EXERCISE DATA:
"""

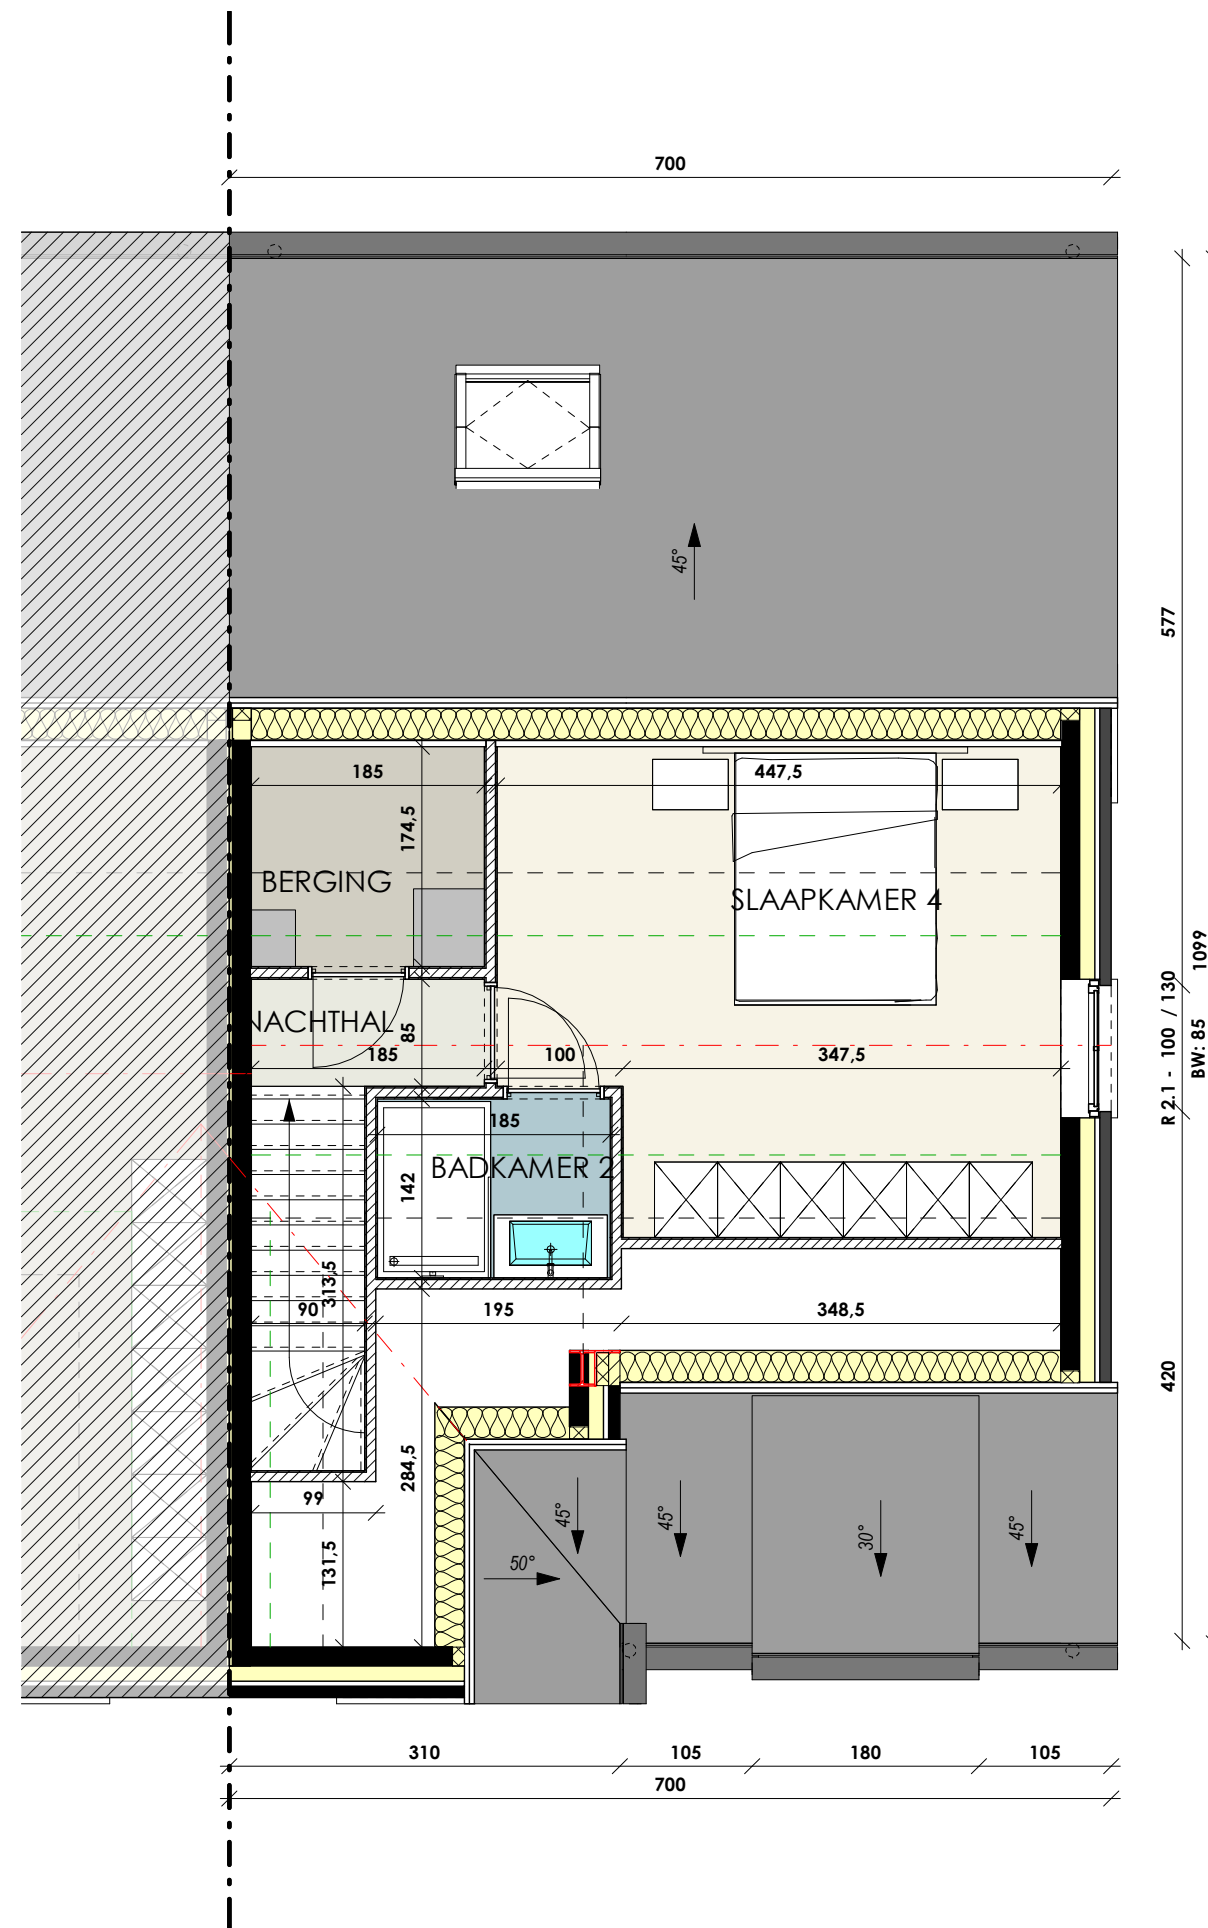

Maldegem Kapellestraat

2e VERDIEPING

LOT 3

OPP.WONING: 27,29 m²

SCHAALBALK
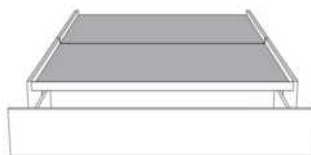

**Rangement à tiroir frontal
With Front Drawer**
540-541-542
Base lit simple N/D | Single base N/A
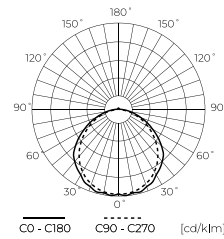

Tri-proof LINKER 30W 4500lm 4000K IP65

LED line PRIME

SYMBOLIS	PAVADINIMAS	SPINDULIŲ KAMPE	GALIA	SPALVOS TEMPERATŪRA	ŠVIESOS SRAUTAS
203709	Tri-proof LINKER 30W 4500lm 4000K 150lm/W 220-240V IP65	120°	30W	4000K	4500lm

"""

Copy exactly what appears from the line holding "Base lit simple N/D | Single base N/A" to the end of the material, keeping both end lines. Pictures are not part of the copy.

Base lit simple N/D | Single base N/A

Tri-proof LINKER 30W 4500lm 4000K IP65

LED line PRIME

SYMBOLIS	PAVADINIMAS	SPINDULIŲ KAMPE	GALIA	SPALVOS TEMPERATŪRA	ŠVIESOS SRAUTAS
203709	Tri-proof LINKER 30W 4500lm 4000K 150lm/W 220-240V IP65	120°	30W	4000K	4500lm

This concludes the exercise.